RECORDED DATA -

=== Section Start ===

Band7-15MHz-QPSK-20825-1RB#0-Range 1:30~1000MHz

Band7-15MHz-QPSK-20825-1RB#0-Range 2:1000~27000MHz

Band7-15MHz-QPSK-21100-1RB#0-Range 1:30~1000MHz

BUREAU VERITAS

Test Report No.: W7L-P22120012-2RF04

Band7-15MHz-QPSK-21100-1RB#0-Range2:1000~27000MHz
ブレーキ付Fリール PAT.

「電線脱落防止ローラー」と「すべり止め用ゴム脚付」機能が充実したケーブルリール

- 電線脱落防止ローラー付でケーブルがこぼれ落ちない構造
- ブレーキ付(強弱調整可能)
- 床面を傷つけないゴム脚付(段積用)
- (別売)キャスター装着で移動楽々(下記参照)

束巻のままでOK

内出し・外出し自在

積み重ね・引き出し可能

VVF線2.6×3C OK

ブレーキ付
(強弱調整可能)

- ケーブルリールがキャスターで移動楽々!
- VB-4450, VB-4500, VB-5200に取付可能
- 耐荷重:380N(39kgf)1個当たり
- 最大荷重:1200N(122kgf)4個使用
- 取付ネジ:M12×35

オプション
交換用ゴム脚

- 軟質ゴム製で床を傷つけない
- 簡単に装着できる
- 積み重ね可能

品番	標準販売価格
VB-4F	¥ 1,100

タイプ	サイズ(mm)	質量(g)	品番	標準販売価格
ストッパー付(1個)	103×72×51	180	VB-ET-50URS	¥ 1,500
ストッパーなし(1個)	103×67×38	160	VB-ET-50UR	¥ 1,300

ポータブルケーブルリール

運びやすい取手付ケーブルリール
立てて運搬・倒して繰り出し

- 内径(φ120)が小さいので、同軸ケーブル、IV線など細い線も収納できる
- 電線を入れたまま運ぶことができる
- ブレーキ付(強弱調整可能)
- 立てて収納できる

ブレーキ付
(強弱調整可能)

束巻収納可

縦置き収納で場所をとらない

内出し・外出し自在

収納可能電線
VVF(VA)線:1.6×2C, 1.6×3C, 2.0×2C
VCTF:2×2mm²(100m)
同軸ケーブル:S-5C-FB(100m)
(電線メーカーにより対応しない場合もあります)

=== Section End ===
=== Section Start ===

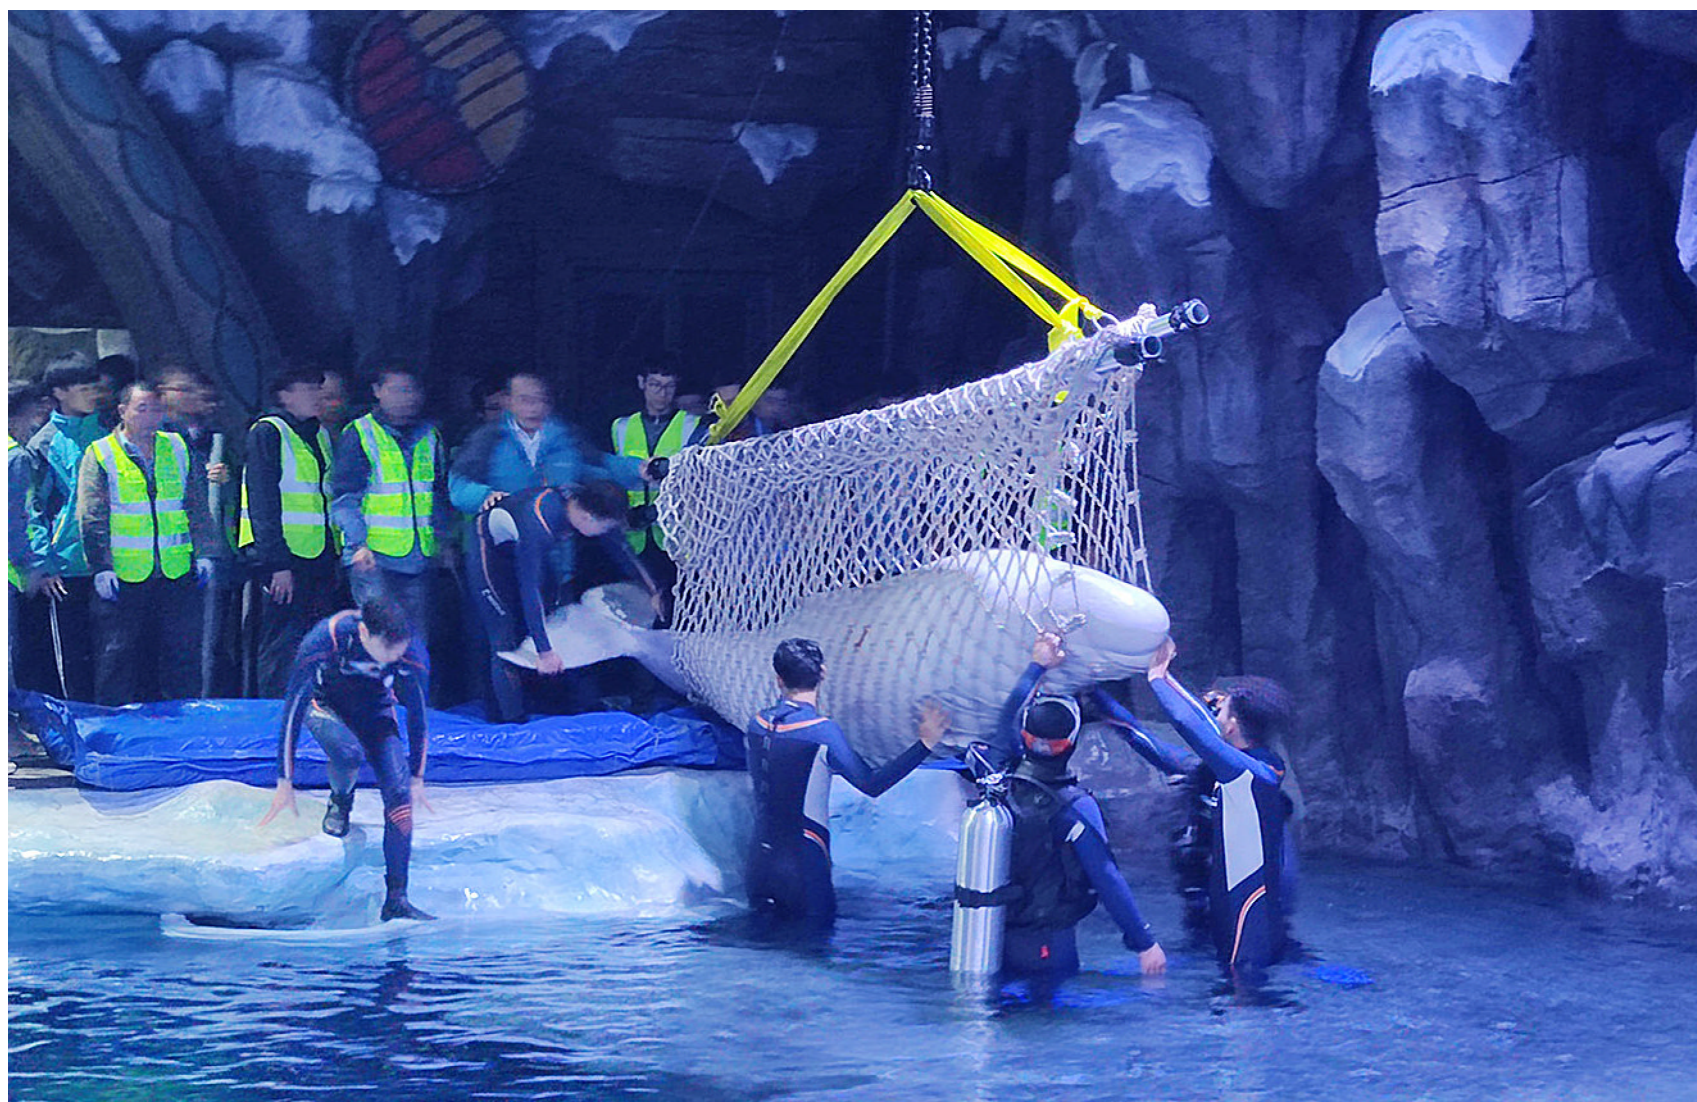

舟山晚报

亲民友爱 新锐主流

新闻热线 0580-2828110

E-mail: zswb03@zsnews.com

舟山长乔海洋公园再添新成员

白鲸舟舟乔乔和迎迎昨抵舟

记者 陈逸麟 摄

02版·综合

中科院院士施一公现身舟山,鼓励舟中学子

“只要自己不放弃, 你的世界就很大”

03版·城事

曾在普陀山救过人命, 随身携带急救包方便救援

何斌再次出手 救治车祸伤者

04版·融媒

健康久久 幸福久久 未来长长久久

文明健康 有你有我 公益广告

=== Section End ===

WHAT THIS TASK INVOLVES -
From the records above, quote only the lines running from the line with "中科院院士施一公现身舟山,鼓励舟中学子" to the line with "文明健康 有你有我 公益广告", both lines included.

FINISHED TASK -
中科院院士施一公现身舟山,鼓励舟中学子

“只要自己不放弃, 你的世界就很大”

03版·城事

曾在普陀山救过人命, 随身携带急救包方便救援

何斌再次出手 救治车祸伤者

04版·融媒

健康久久 幸福久久 未来长长久久

文明健康 有你有我 公益广告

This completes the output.